IMPLEMENTATION RULES: Before implementing this plan, read and follow:

Status: ✅ Completed (2026-04-07)

Goal: Make updating DCT a single command that any developer can run, regardless of whether they understand devcontainers, Docker, or VS Code.

Priority: High — current update flow requires Docker knowledge that most developers don't have

Last Updated: 2026-04-06


Problem

DCT has two update mechanisms. Neither is a simple one-command experience:

Update Type 1: Script Updates (dev-sync)

Updates scripts (new tools, bug fixes, new commands) WITHOUT rebuilding the container.

Current flow:

  • Auto-runs on container start (entrypoint.sh, 10s timeout)
  • Downloads dev_containers.zip from GitHub releases
  • Swaps manage/ and additions/ directories atomically
  • Has rollback support

User experience: Invisible — happens on startup. Works well. No complaints.

Update Type 2: Container Updates (dev-update)

Updates the base image (OS packages, Node.js, Python, system tools).

Current flow:

  1. User runs dev-update inside the container
  2. DCT shows: "current: 1.7.16, latest: 1.7.17"
  3. DCT tells user to run:
    docker pull ghcr.io/helpers-no/devcontainer-toolbox:latest
  4. DCT tells user to: VS Code → Command Palette → "Dev Containers: Rebuild Container"

User experience: Bad. The developer must:

  • Understand what docker pull does
  • Know how to open VS Code Command Palette
  • Know what "Rebuild Container" means
  • Accept that their terminal session will be killed mid-rebuild

Most developers using DCT don't know what a devcontainer is. They were told "open this folder in VS Code and click Reopen in Container". Asking them to docker pull and rebuild is a support burden.


What Changed: Docker is Now Available Inside DCT

Since v1.7.14, the docker-outside-of-docker feature gives every DCT container:

  • Docker CLI at /usr/bin/docker
  • Access to the host Docker daemon via the shared socket

This means from inside the container, we can:

  • docker pull ghcr.io/helpers-no/devcontainer-toolbox:latest — pull the new image
  • docker images — verify the pull succeeded
  • Potentially trigger a rebuild

Vision: dev-update Does Everything

$ dev-update

🔍 Checking for updates...
Current: 1.7.16
Latest: 1.7.17

📦 Downloading new image...
Pulling ghcr.io/helpers-no/devcontainer-toolbox:latest...
Done (2.86 GB)

🔄 Rebuilding container...
This will restart your terminal session.
Your files in /workspace are safe (they're mounted from your host).

Press Enter to continue, or Ctrl+C to cancel.

Rebuilding...

The developer runs one command.
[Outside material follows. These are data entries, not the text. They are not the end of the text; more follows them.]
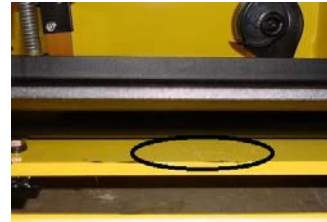

The VIN's are located on the left side of the operator's position, stamped on the metal cross bar located under the foot treadle platform, and on each OEM battery will also have a VIN label on one side of the casing.
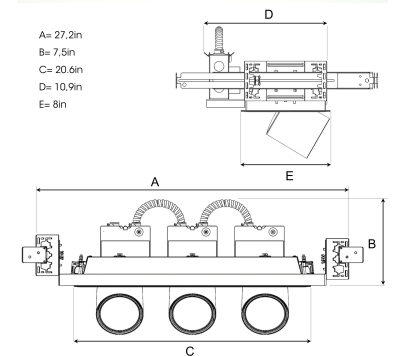

TECHNICAL SPECIFICATION

Product Code	280-73506-10
Colour	White
Control	0-10 V
CRI light colour	930 (BBBL)
Delivered lumen output lm	3 x 2800
Driver	Stand alone, included
Light distribution	Flood
Lightsource	LED COB
Mains input voltage	120-277V
Measurements A	27,2
Measurements B	7,5
Measurements C	20,6
Measurements D	10,9
Measurements E	8
Mounting	Recessed
Position	360°/60°
Lifetime	L80 B10, 50.000h
Protection	For indoor use only
Sawing instructions unit	inch
Sawing instructions x	6,97
Sawing instructions y	20,17
Start Time	Instant
System power W	3 x 24,5
Unit	inch

Spot	Medium	Flood	Wide Flood
14°	27°	38°	56°
m	m	m	m
1.0	1.0	1.0	1.0
2.0	2.0	2.0	2.0
3.0	3.0	3.0	3.0
0.25	0.48	0.69	1.07
0.49	0.95	1.39	2.14
0.74	1.43	2.08	3.22

6,97 x 20,17in

They don't need to know about Docker, images, pulls, or VS Code Command Palette.


Technical Challenges

Challenge 1: Triggering a container rebuild from inside the container

The container can pull a new image — that's just docker pull. But rebuilding the devcontainer is a VS Code operation, not a Docker operation. VS Code:

  1. Stops the current container
  2. Creates a new container from the (now updated) image
  3. Applies devcontainer.json settings (features, mounts, env vars)
  4. Runs postCreateCommand / postStartCommand
  5. Reconnects

Options to trigger rebuild:

Option A: VS Code CLI command VS Code has a code CLI available inside devcontainers. Check if there's a command to trigger rebuild:

code --remote-command "workbench.action.remote.containers.rebuildContainer"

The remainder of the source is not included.